The Terra Luna cryptocurrency's dramatic fall from a high market value to near worthlessness has led to significant investor losses and scrutiny of its CEO Do Kwon, raising questions about whether it was a Ponzi scheme.

Abstract

The cryptocurrency market, including Terra Luna, has experienced a catastrophic decline, with Terra Luna's value plummeting from $119.18 to almost zero, resulting in substantial financial losses for investors. This collapse has sparked debate over whether Terra Luna functioned as a Ponzi scheme, where early investors were paid with funds from new investors. The downturn was exacerbated by changes in the Anchor Protocol's interest rates, which had previously offered a fixed 20% return. As confidence waned and large stakeholders exchanged their TerraUSD for other cryptocurrencies, the Luna coin, designed to maintain TerraUSD's peg to the US dollar, failed, leading to a total loss of investment for many. CEO Do Kwon, once known for his confrontational tweets, has become notably subdued, proposing a 'Revival' plan for the Terra ecosystem while facing criticism and comparisons to his previous involvement with another failed stablecoin, Basis Cash.

Opinions

  • The article suggests that the collapse of Terra Luna and its associated stablecoin, TerraUSD, has led to severe financial consequences for investors, some of whom have expressed thoughts of suicide due to their losses.
  • Criticism is directed towards Do Kwon, Terra Luna's CEO, for his previous arrogance and lack of empathy towards his critics, which starkly contrasts with his current, more humble demeanor following the collapse of his cryptocurrency.
  • The author implies that there may have been characteristics of a Ponzi scheme in the operation of Terra Luna and its associated Anchor Protocol, given the high, fixed interest rates offered initially and the eventual unsustainability of these rates.
  • There is an implication that Do Kwon's management and decision-making are at least partly responsible for the collapse, with some investors feeling misled by the promises of high returns and stability.
  • The article conveys skepticism about Do Kwon's ability to revive the Terra ecosystem, especially in light of his previous failed project, Basis Cash.
  • The author suggests that the situation has flipped from a period when Do Kwon was viewed as a successful entrepreneur worshiped by his followers, to one where he has become the target of scrutiny and resentment for his role in the collapse.
  • The piece highlights a sense of betrayal felt by investors who once supported and believed in Do Kwon and his vision for Terra Luna, now facing financial ruin.

Opinion | Crypto winter

Terra Luna Investors Have Become Poor the Way Do Kwon Describes His Critics

From its high of $119.18 to almost zero, some investors are losing hope they will recover their money

Not Do Kwon — Photo by RODNAE Productions: Gif by Author using Canva.

Trigger Warning:

The US National Suicide Prevention Lifeline is 1–800–273–8255. The Trevor Project, which provides help and suicide-prevention resources for LGBTQ youth, is 1–866–488–7386. Find other international suicide helplines at Befrienders Worldwide (befrienders.org).

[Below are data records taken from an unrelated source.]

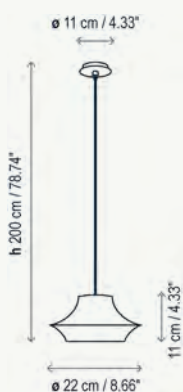

Tibeta 03

Suspensión / Pendant Lamp

1. 2570320107 Cromo Negro - Cable Textil Negro
   Black Chrome - Black Fabric Cable
2. 2570320190 Cobre Brillo - Cable Metálico Color Cobre
   Brilliant Copper - Copper Metal Mesh
3. 2570320179 Latón Envejecido - Cable Textil Negro
   Antique Brass - Black Fabric Cable

Sistema de regulación TRIAC / TRIAC dimming system
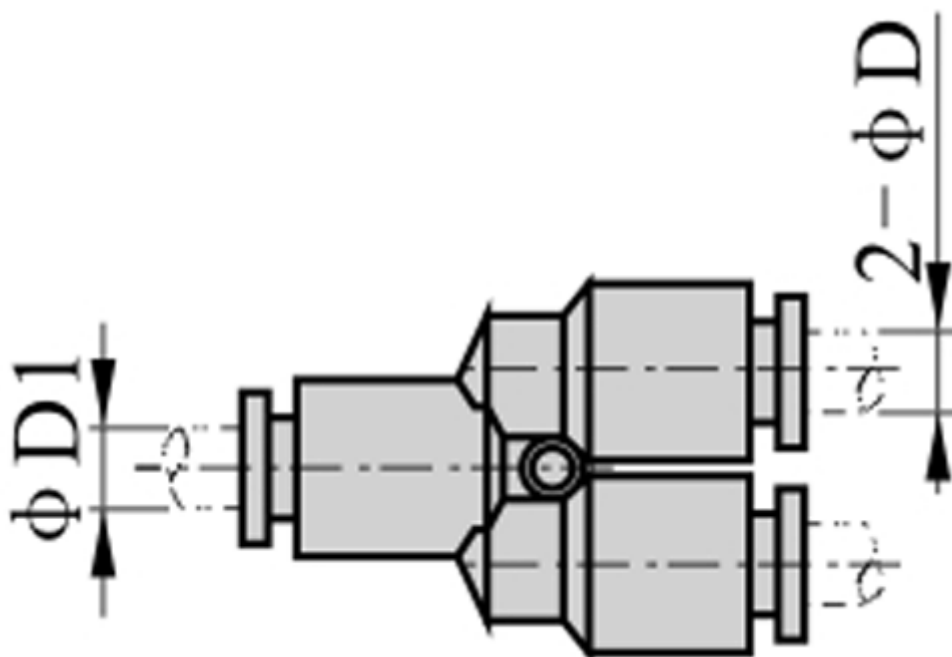

Varenummer: 58EPW108
Beskrivelse: Fitting EPW108
Y-stykke, slangediameter 10 - 8

Mål

D = 8
D1 = 10

To say it's been a tough week for crypto is an understatement, it was a bloodbath. When the smoke cleared out, the crypto market lost a trillion dollars in value, wrap your head around that figure, $1,000,000,000,000.

Bitcoin can hardly be at the $30,000 level, and almost all the coins are down.

But the biggest downfall is reserved for Terra Luna, its CEO Do Kwon is under scrutiny.

And the tone of his tweets lacks the vitriol he was known for, he doesn’t call out his critics right now, and he is starting to sound like a meek lamb as he tries to salvage what is left of his billion-dollar crypto empire.

Was it a Ponzi scheme?

Ponzi schemes come in different forms, and there will always be people who would be sweet-talked to by scammers.

Here’s a definition by the US government of a Ponzi scheme.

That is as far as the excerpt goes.